Idea for aggregates

From: Greg Stark <stark(at)mit(dot)edu>
To: PostgreSQL-development <pgsql-hackers(at)postgresql(dot)org>
Subject: Idea for aggregates
Date: 2014-04-04 22:13:40
Message-ID: CAM-w4HNswsWehGSe4WO+tZR9KwrVPX3uJm_htUDX5pLbQZd-XQ@mail.gmail.com
Views: Raw Message | Whole Thread | Download mbox | Resend email
Thread:
Lists: pgsql-hackers

Simon, Dmitri, Peter Eisentraut, and I were chatting at PGConfNYC and
we had an idea for something interesting to do with aggregates.
Interestingly Simon and I came at this from two different directions
but realized we needed the same functionality to implement what we
wanted.

The basic idea is to separate the all the properties of the aggregate
functions except the final function from the final function into a
separate object. Giving the optimizer the knowledge that multiple
aggregate functions use the share the same basic machinery and
semantics for the state is the magic sauce that's a prerequisite for
the several ideas we were each thinking of.

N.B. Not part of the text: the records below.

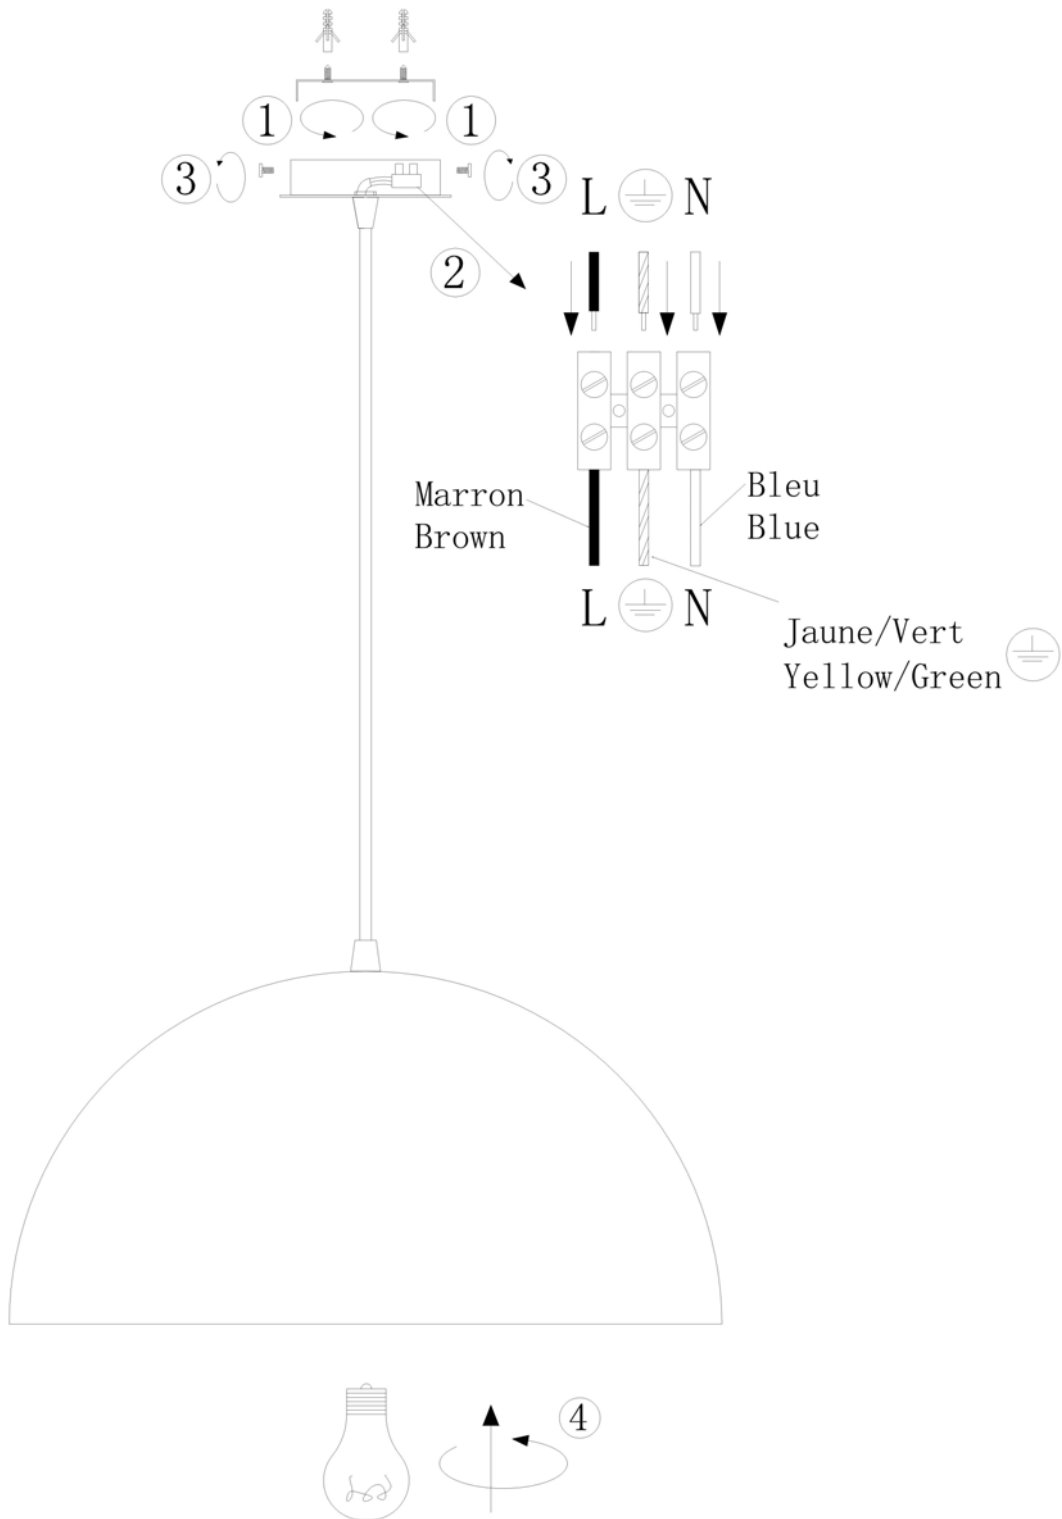

Line drawing of the item (with outline dimensions)

Item number: 31410/70/17

Installation drawing (the same as it in its instruction manual)

Technical details

materials used:	Aluminium	
color:	17	Red copper
dimmable and how is the fixture dimmable:		
size:	Height:	154cm
	Length:	
	Width:	D70cm
	Net Weight:	3.65 kgs
power requirements:	220- 240V~50HZ	
bulb type and maximum Wattage:	E27	Max.60w
number of bulbs:	1XE27	
IP degree:	IP20

I'm imagining something like (though I'm really not wedded to this
syntax at all):

CREATE AGGREGATE CLASS class_name ( input_data_type [ , ... ] ) (
SFUNC = sfunc,
STYPE = state_data_type
[ , INITCOND = initial_condition ]
[ , SORTOP = sort_operator ]
)

CREATE AGGREGATE func_name ( class_name ) (
SFUNC = sfunc
)

The idea then is that this should enable a number of useful optimizations:

1) If the planner sees multiple aggregates in the target list
belonging to the same class and having the same arguments then it
knows it can keep just one transition state varible for all of them.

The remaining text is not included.